Anatomy Of A Murder (1959)

Most courtroom dramas are exercises in narrative compression. In the real world, the American justice system grinds slowly. But on TV and at the movies, an arrest is followed quickly by a trial, which usually takes just a few days—or even a few scenes. Anatomy Of A Murder is an exception. Director-producer Otto Preminger’s low-key classic follows a murder trial from start to finish, from the arraignment to the jury selection to the verdict. The film goes deep into procedure, detailing how the nitpicking objections of prosecutors and defense attorneys are part of a larger strategy to bend the law in their favor. It’s a long, leisurely paced, and utterly absorbing picture, the kind that’s hard to turn off whenever it pops up on cable.

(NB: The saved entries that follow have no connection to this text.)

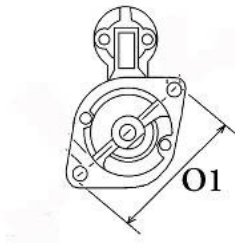

# ROZZRUSZNIK Modus Twingo Clio Kangoo 1.2 1.4

Cena **220,00 zł**

Dostępność **Dostępny**

Numer katalogowy **ST1057**

Kod producenta **STM589**

## Opis produktu

SPECYFIKACJA PRODUKTU	
PRZEZNACZENIE:	NISSAN RENAULT
NAPIĘCIE:	12V
MOC:	0.7 kW
LICZBA OTWORÓW MOCUJĄCYCH:	2 (1 GWINTOWANY)
UWAGI:	

Wymiar	mm
A	63,00
B	0,00

Wymiar	mm
O1	105,30

**zastosowanie:** Renault Clio I 1,2 1996-1998; Clio II 1,2 1998-; Clio III 1,2 2005-; Kangoo 1,2 1997- 1,4 1997-2003; Modus 1,2 16V 2004-; Twingo 1,2 1,2 AT 1996- 1,2 16V AT 2000-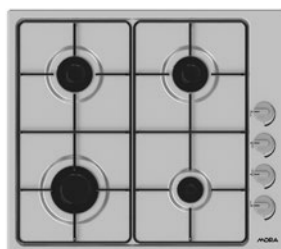

3 990 Kč

Kód: 738392, EAN 3838782501449

3 490 Kč

Kód: 737284, EAN 3838782453144

> Vestavné plynové varné desky samostatné

VDP 647 W

Plynová vestavná deska

- > 4 plynové hořáky s pojistkami Stop Gas
- > 1x ø 9,9 cm, 2,6 kW
- > 1x ø 5,48 cm, 1 kW
- > 1x ø 7,36 cm, 1,6 kW
- > elektrické zapalování hořáků v knoflíčích
- > dvoudílná smaltovaná vařidlová mřížka
- > elektrické napětí: 230 V
- > připojení na plyn: G 1/2"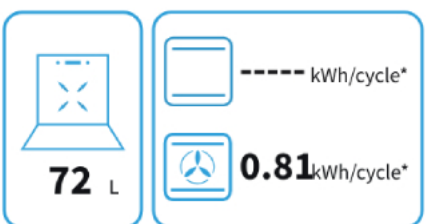

ENERGY

Hisense

BID914221CX

65/2014

ENER

енергия · ενέργεια

Hisense

BID914221CX

*цикл - cyklus - porton - zyklus - промывка - ciclo - tsukkel - ohjelma - ciklus ciklas - cikls - ciklu - cyclus - cykl - ciclu - program - cykel

65/2014

ENERGY

Hisense

BID914221CX

65/2014

ENER

енергия · ενέργεια

Hisense

BID914221CX

65/2014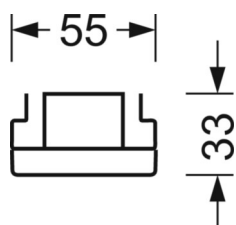

## Оптика

Оснастка	LED, цветопередача/оттенок света CRI ≥ 80 / 4000K
Допуск для координаты цветности (MacAdam)	3SDCM
Фотобиологическая безопасность (светильник)	RG1
Номинальный световой поток	6074lm
Срок службы LED	50000h L80/B10 (Tq 40°C)
светоотдача светильников	162lm/W
Угол излучения	95° (C0) / 95° (C90)
UGR поп./вдоль	20.0 / 20.4

## DEEP-LINK

<https://www.regiolum.de/ru/article/19417004020>

Ссылка	LED 6000lm 840
ηLB	100 %
Φ ↓/↑	98 % / 2 %
UGR поп./вдоль	20.0 / 20.4

**Механика**

цвет корпуса	белый стандартный для электротехники RAL 9016
размеры (LxWxH/DxH)	1531mm x 55mm x 33mm
вес (нетто)	2kg
Вид монтажа	сборка трековых систем, световая структура

**размеры**

L	1531 mm	Длина
В	55 mm	Ширина
Н	33 mm	Высота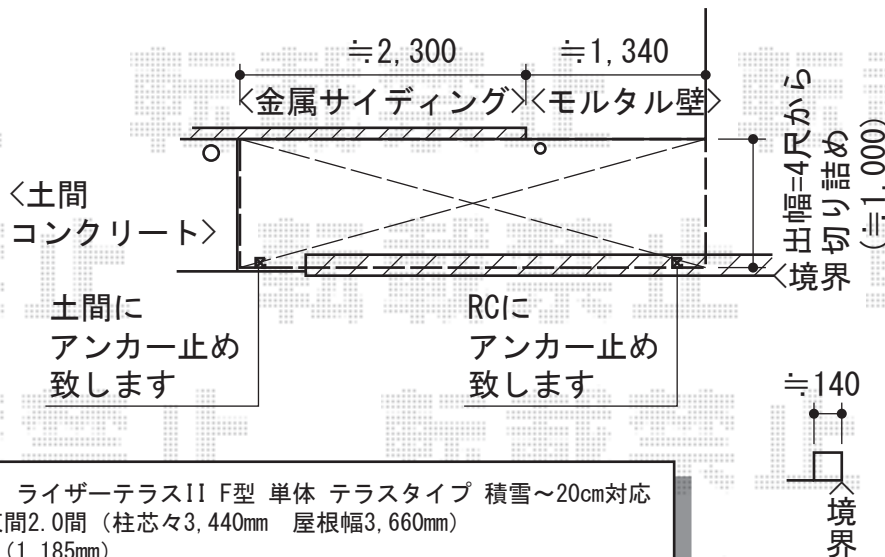

配線の影響により設置位置が、
30mm~50mm左側にずれる場合がございます。

施工に際して、
オプション：物干しの
取付位置・高さの
ご確認を頂けますよう、
お願い致します

トステム パワーアルファ F型 単体 屋根タイプ 積雪~30cm対応
間口=関東間1.5間 (柱芯々2,755mm 屋根幅3,080mm)
出幅=8尺 (2,385mm)
色：オータムブラウン
屋根材：ポリカーボネート (クリアマット/すりガラス調)
柱仕様：柱奥行移動タイプ (柱2本)
施工方法：下止め仕様
柱固定部品仕様：中間用×1・コーナー用×1
追加部材：通気工法対応部材

トステム 吊下げ式物干し ワイド 2本入
色：オータムブラウン

トステム ライザーテラスII F型 単体 テラスタイプ 積雪~20cm対応
間口=関東間2.0間 (柱芯々3,440mm 屋根幅3,660mm)
出幅=4尺 (1,185mm)
色：オータムブラウン
屋根材：ポリカーボネート (ブラウン)
柱仕様：柱位置固定タイプ (柱2本)
施工方法：上止め仕様
追加部材：通気工法対応部材・サイディング対応部材

Much of the credit for why Anatomy Of A Murder is so mesmerizing belongs to the cast, led by Jimmy Stewart. In 1959, Stewart was at the end of a decade where his work with masters like Alfred Hitchcock and Anthony Mann had added darker shades to his otherwise bright and affable screen presence. There’s a slyness to Stewart’s performance in Anatomy Of A Murder: He plays the “humble country lawyer” Paul Biegler, defending a soldier who killed a bartender accused of raping his wife near an Upper Peninsula Michigan resort. Biegler is charming and folksy, entertaining the courtroom with witty zingers. But he also subtly—and perhaps unethically—coaches his client on how to describe his crime in legally defensible terms. And it’s implied that he’s partly motivated by hurt feelings over losing his job as district attorney.

Ben Gazzara plays the client, gruff and sarcastic hothead Lt. Frederick Manion, while Lee Remick is his sexpot wife, Laura. Unlike the Hollywood-trained Stewart, Gazzara and Remick emerged from the worlds of Broadway and anthology television, where newer styles of naturalistic acting were spreading in the ’50s. Biegler’s antagonist Claude Dancer—a big city ringer from the state attorney general’s office, brought in to kibbutz on the case before ultimately taking it over—is played by George C. Scott; Scott also apprenticed in New York theater, but on the grander, more Shakespearean side.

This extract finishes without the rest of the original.